A report from the Incapsula cyber security organisation has highlighted the increasing scope and sophistication of criminal Distributed Denial of Services attacks against websites, recording that a recent assault on an unidentified Chinese gambling site involved multiple nine-vector, 470 Gbps, 110 million packet-per-second activity, some of the biggest and most complex ever recorded.
The publication The Register quotes Incapsula researchers Ofer Gayer and Igal Zeifman, who said:
“The assault was significantly complex by network layer standards, relying on a mix of nine different payload types. Such nine-vector assaults are very rare in our experience.
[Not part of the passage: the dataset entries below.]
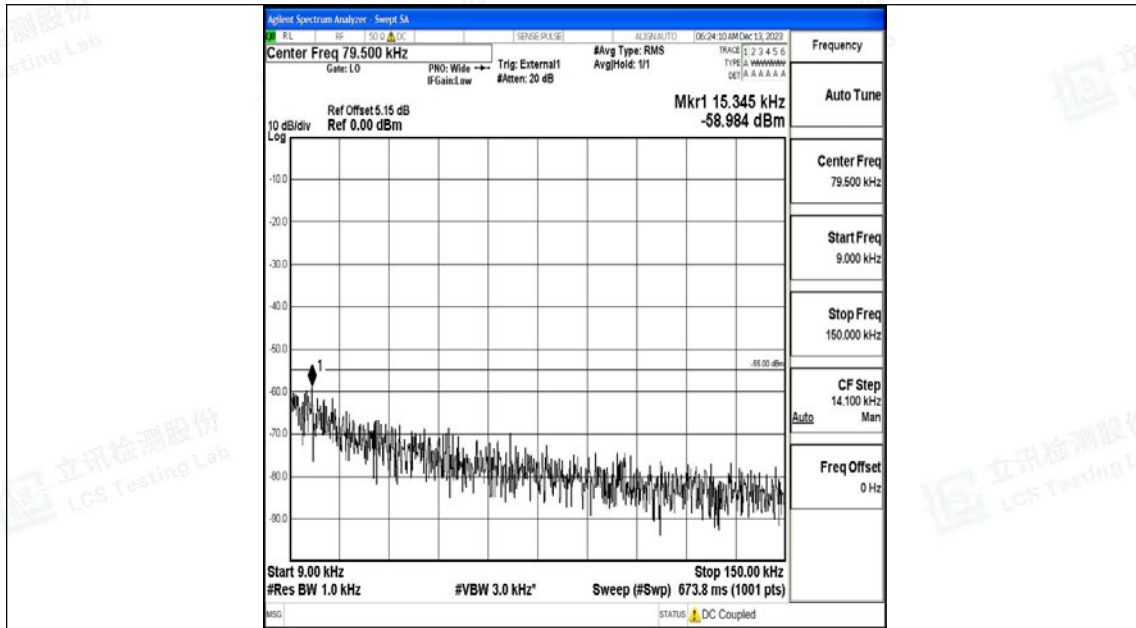

Tel: +(86) 0755-82591330 | E-mail: webmaster@lcs-cert.com | Web: www.lcs-cert.com

Scan code to check authenticity

Band41_10MHz_16QAM_39700_1RB#0_1000~20000_1000~20000

Band41_10MHz_16QAM_39700_1RB#0_20000~27000_20000~27000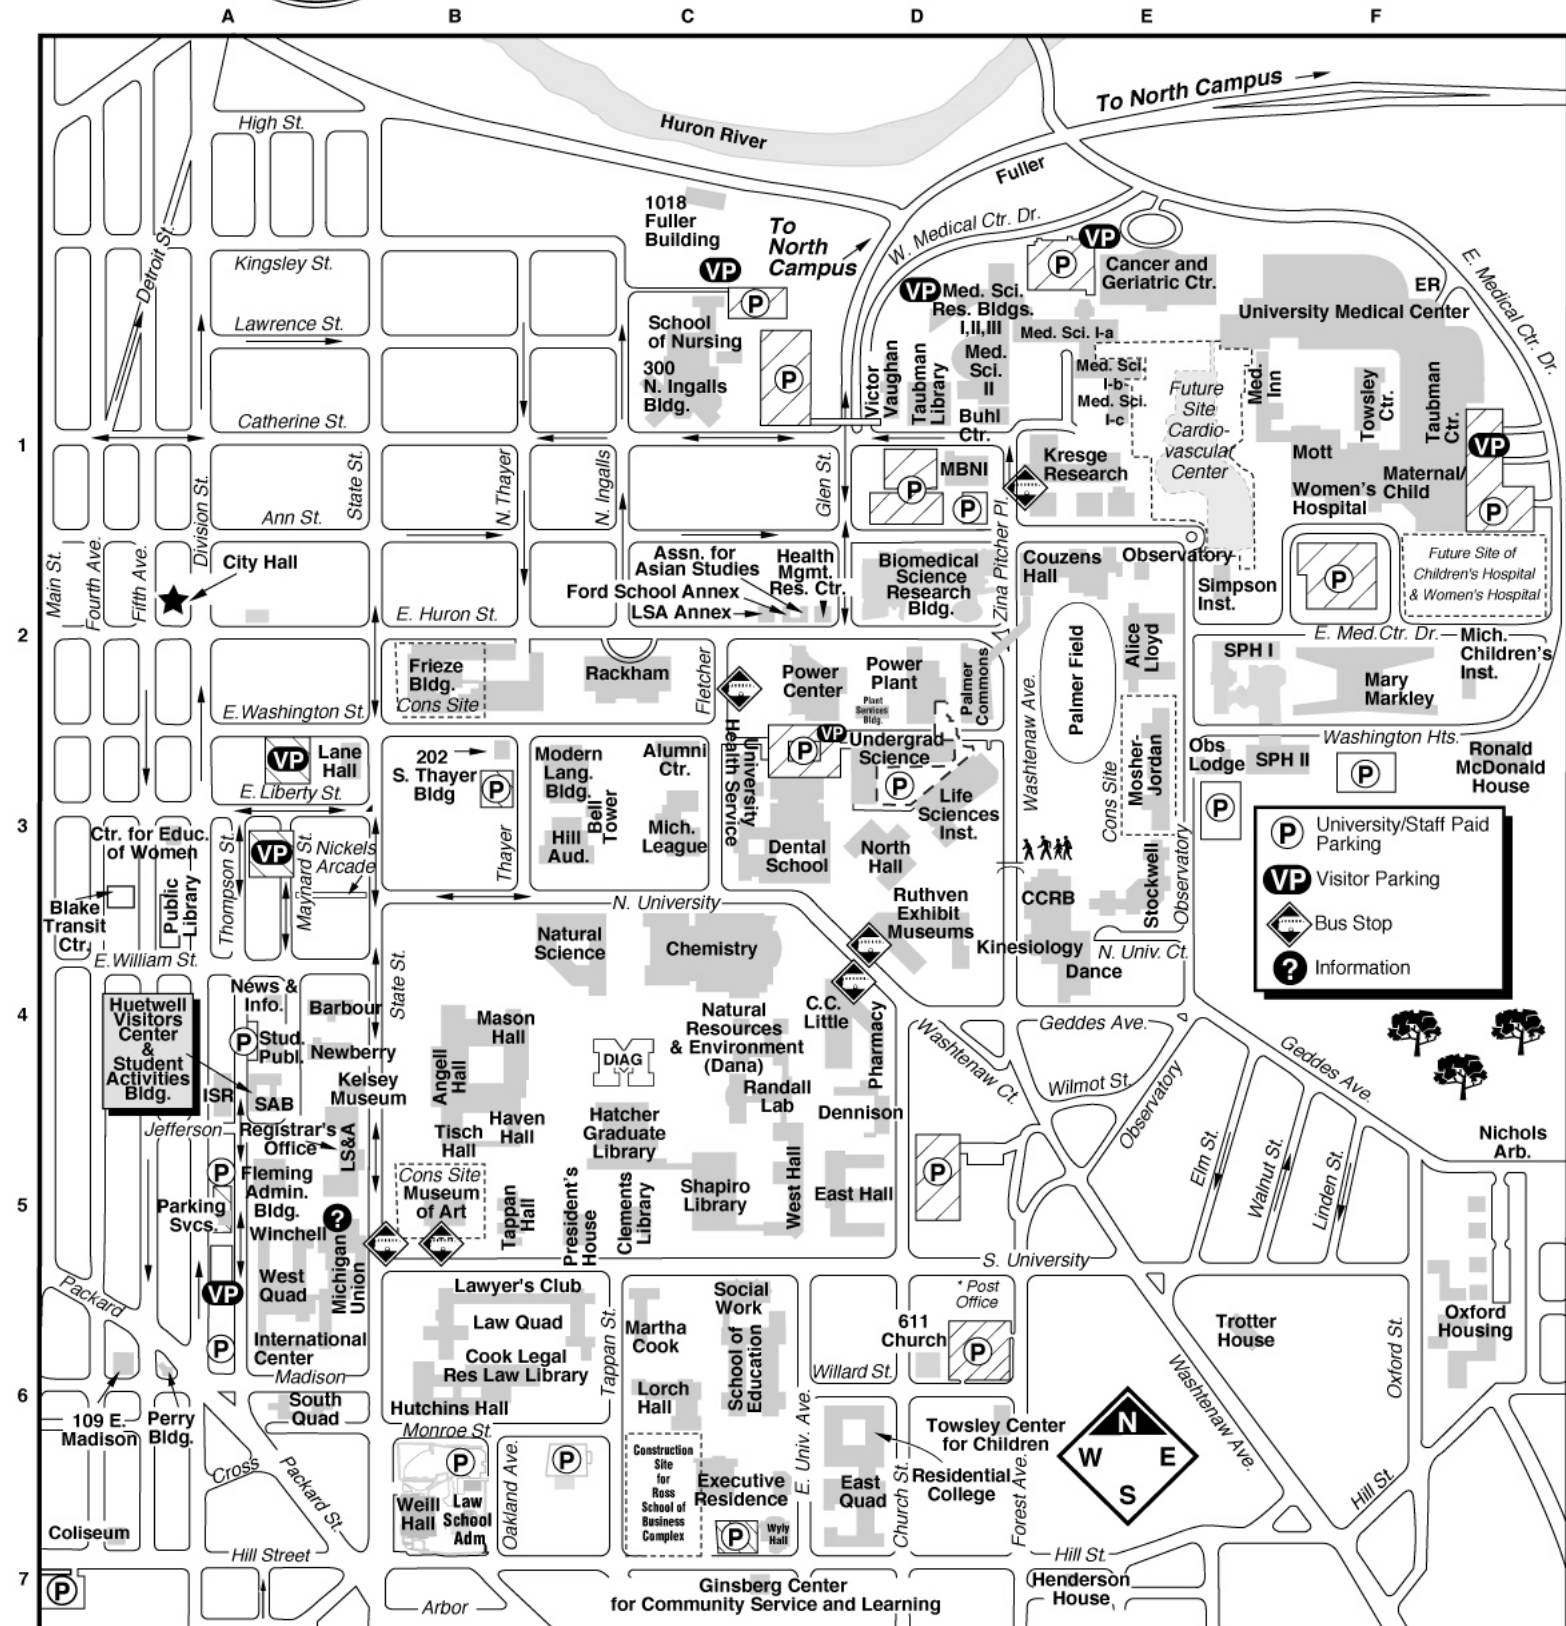

University of Michigan Central Campus

To Wolverine Tower ↓

❓ **Campus Information Center,**
(First floor, Michigan Union, 764-INFO)

© 2006 University of Michigan, MM&D
For use information call 734-998-6140.

“Usually a perpetrator’s goal in using multi-vector attacks is to switch between different payload types in an attempt to bypass a mitigation service.”
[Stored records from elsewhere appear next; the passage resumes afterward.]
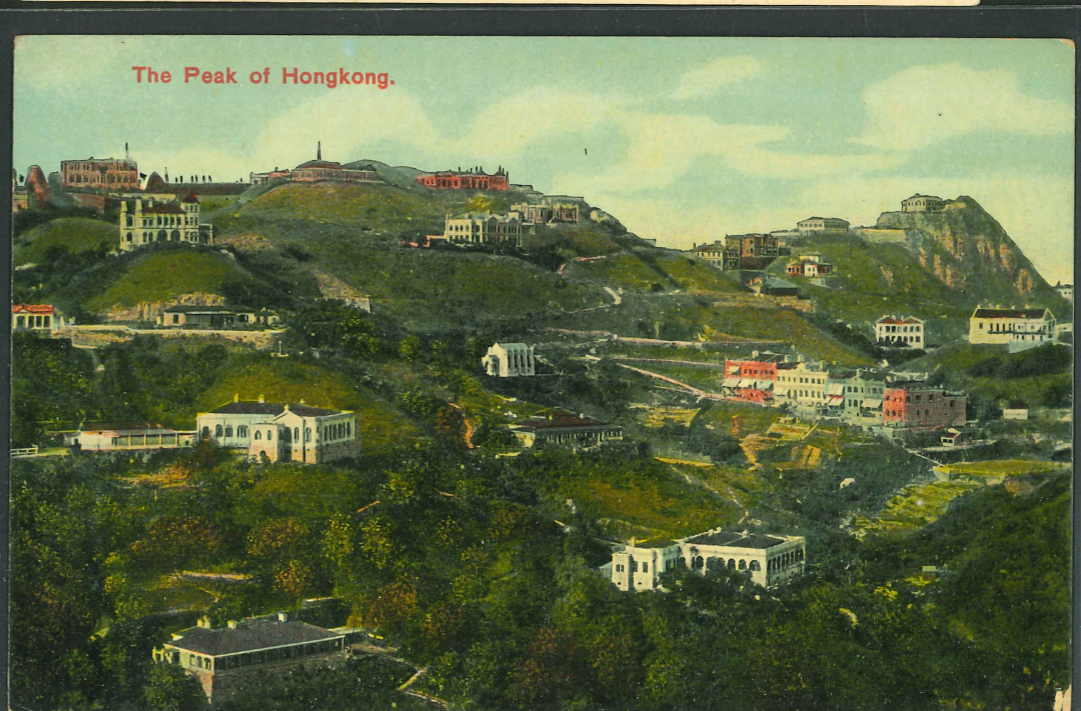

COPYRIGHT 95

LOOKING EAST, HONGKONG

View of Peak Buildings and Roads, Hongkong.

H. M. S. Phoenix in Kowloon damaged by typhoon of the 18th of September 1906

VIA SIBERIA

Mr. Heinrich Freese,
Dammstrasse 26,
K I E L
G E R M A N Y.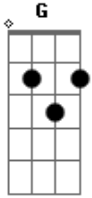

© ukulele-chords.com

© ukulele-chords.com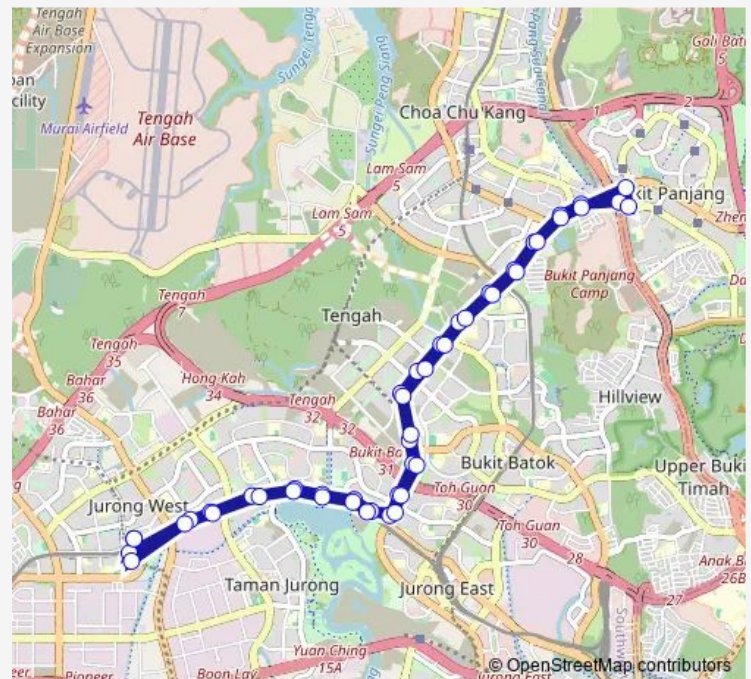

### Route schedule

Boon Lay Int — Boon Lay Int

Monday	05:50
Tuesday	05:50
Wednesday	05:50
Thursday	05:50
Friday	05:50
Saturday	05:50
Sunday	06:00

### Route info

Direction: Boon Lay Int

Stops: 47

Trip Duration: 1 hour 25 min

180

Phoenix Stn

Bt Panjang Stn Exit A/Lrt

BT Panjang Int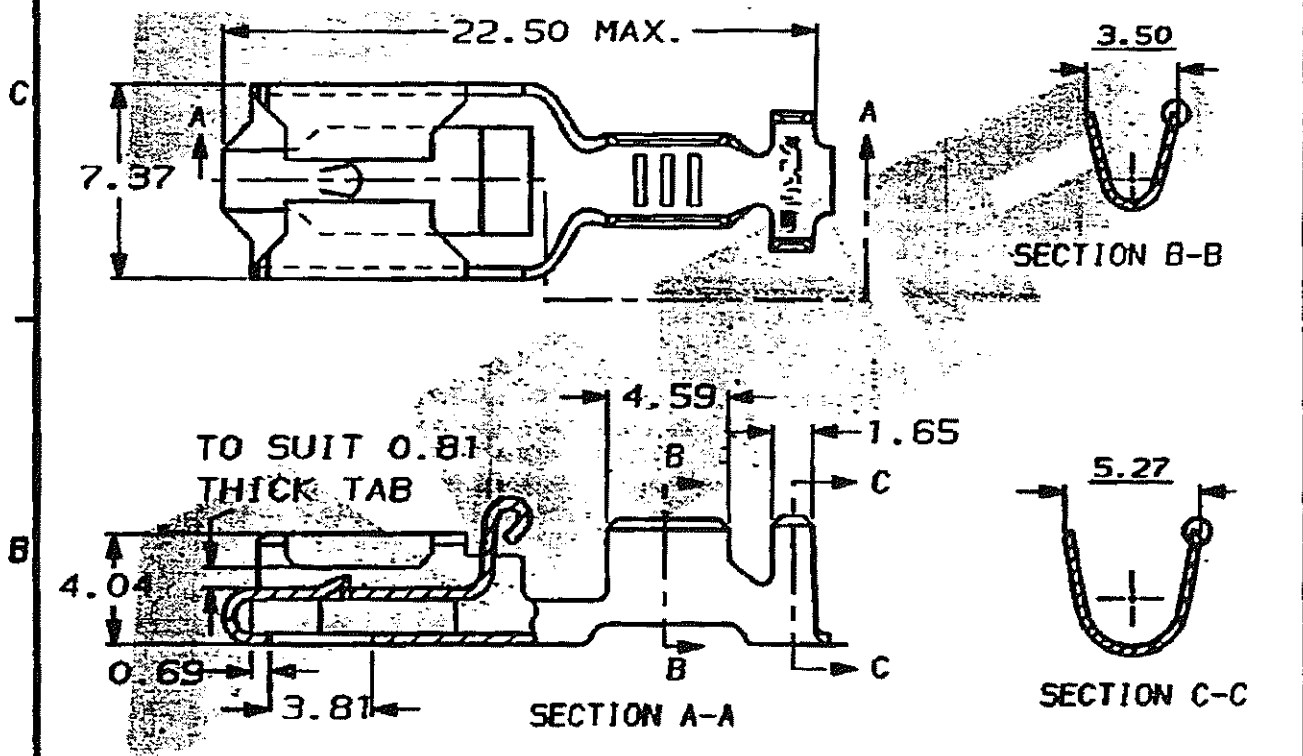

1 OBSOLETE PARTS: OBSOLETE CIS STREAMLINING PER D.RENAUD/D.SINISI  
 2 OBSOLETE

DO NOT SCALE

DIMENSIONS IN MM.

C.A.D. FILE CODE  
S. C154718.AD

PART NUMBER	MATERIAL	FINISH	REELING	LOOSE PIECE (REF. ONLY)
154718-1	BRASS	NONE	STANDARD	341002-1
154718-2	PHOS. BRONZE	NONE	STANDARD	341002-2
154718-3	BRASS	TIN	STANDARD	341002-3
154718-4	PHOS. BRONZE	TIN	STANDARD	<del>341002-4</del> 2
1 154718-5	PHOS. BRONZE	NONE	STANDARD	341002-5
154718-6	BRASS	PRE-TIN	STANDARD	341002-6
154718-7	PHOS. BRONZE	PRE-TIN	STANDARD	341002-7
154718-8	BRASS	SILVER	STANDARD	341002-8
154718-9	BRASS	SILVER	STANDARD	341002-9
<del>1-154718-0</del>	BRASS	PRE-TIN	STANDARD	---
1-154718-1	BRASS	NONE	REV. REEL VERSION-1	---
1-154718-2	PHOS. BRONZE	NONE	REV. REEL VERSION-2	---
<del>1-154718-3</del>	PHOS. BRONZE	PRE-TIN	STANDARD	---
2 1-154718-4	BRASS	TIN	REV. REEL VERSION-3	---
1-154718-5	PHOS. BRONZE	TIN	REV. REEL VERSION-4	---

WIRE RANGE 0.7 TO 2.0mm<sup>2</sup>

INSULATION RANGE 2.4 TO 3.2mm DIA.

CUSTOMER DWG  
FOR REFERENCE ONLY

RELEASED FOR PUBLICATION  
ORIGINAL 1974

A

TOLERANCES  
UNLESS OTHERWISE  
STATED  
DEC ± 0.5  
ANGLES ± 1°

DR. D.A. BARRATT 27.11.91  
 CH. D. TERRY APP. D.A. BARRATT

NAME POSITIVE LOCK RECEPTACLE

AD2	REVISED PER ECO-11.005150	RK/HMR	28MAR11	SCALE	LOC	SIZE	DWG. No.	REV	SHEET
REV	ECN	APPROVED	DATE	4/1	E	A4	C154718	AD2	1/1

The anti-DDoS firm says only 0.2 percent of attacks it saw in the first quarter of this year were multi-vector., and the attackers commenced with a 250 Gbps assault, incrementally boosting this to the heaviest levels yet experienced.
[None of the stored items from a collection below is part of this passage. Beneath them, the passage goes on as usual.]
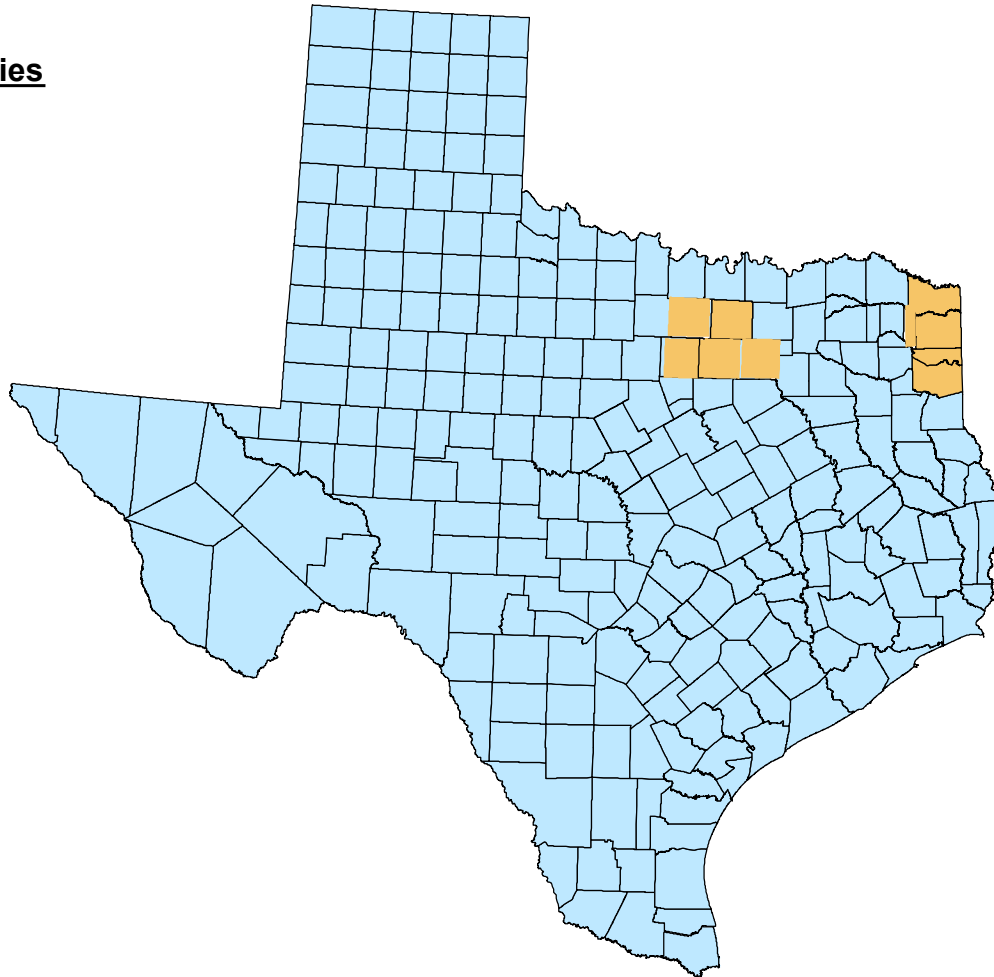

Emerald Ash Borer Quarantine

Texas Administrative Code
Title 4, Chapter 19, Subchapter Z

Texas Quarantined Counties

- Bowie
- Cass
- Dallas
- Denton
- Harrison
- Marion
- Morris
- Parker
- Tarrant
- Wise

Projection: USA Contiguous Albers Equal Area Conic
February 2022

TEXAS DEPARTMENT OF AGRICULTURE
COMMISSIONER SID MILLER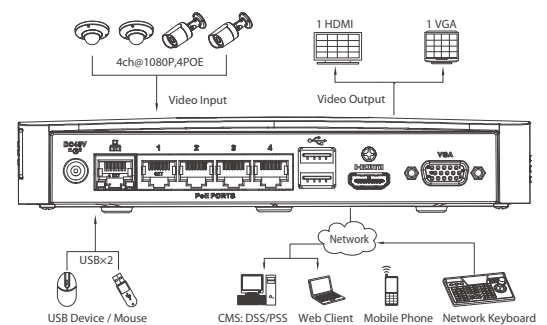

System Connection

* Take DH-NVR104-P as an example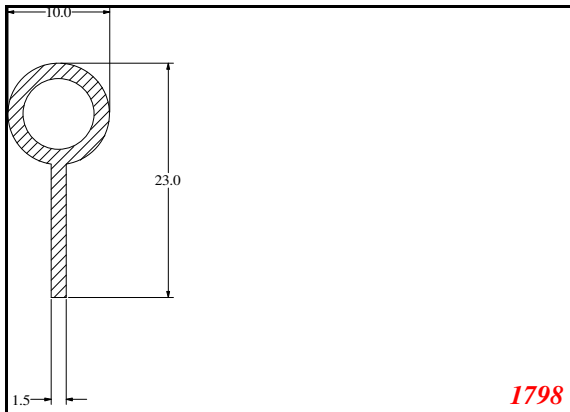

Tadpole

Contact Us:

Phone: 317-559-2220
 Fax: 317-350-1322
 Email: info@exactseal.com
 Web: www.exactseal.com

Address:

Exactseal Inc
 7601 E 88th Pl.
 Building 3B
 Indianapolis, IN 46256

Tadpole

Contact Us:

The siege was periodically varied by drops to smaller payloads to increase packet-per-second rates – a reportedly common tactic seen in many major attacks this year.
The Incapsula researchers observed that adopting these tactics can enable perpetrators to max out the processing power of current-generation mitigation appliances – a common weak spot.
Most of the attack traffic was SYN payloads, generic UDP, and TCP, The Register’s report reveals, noting that the Incapsula mitigation finally staved off the siege.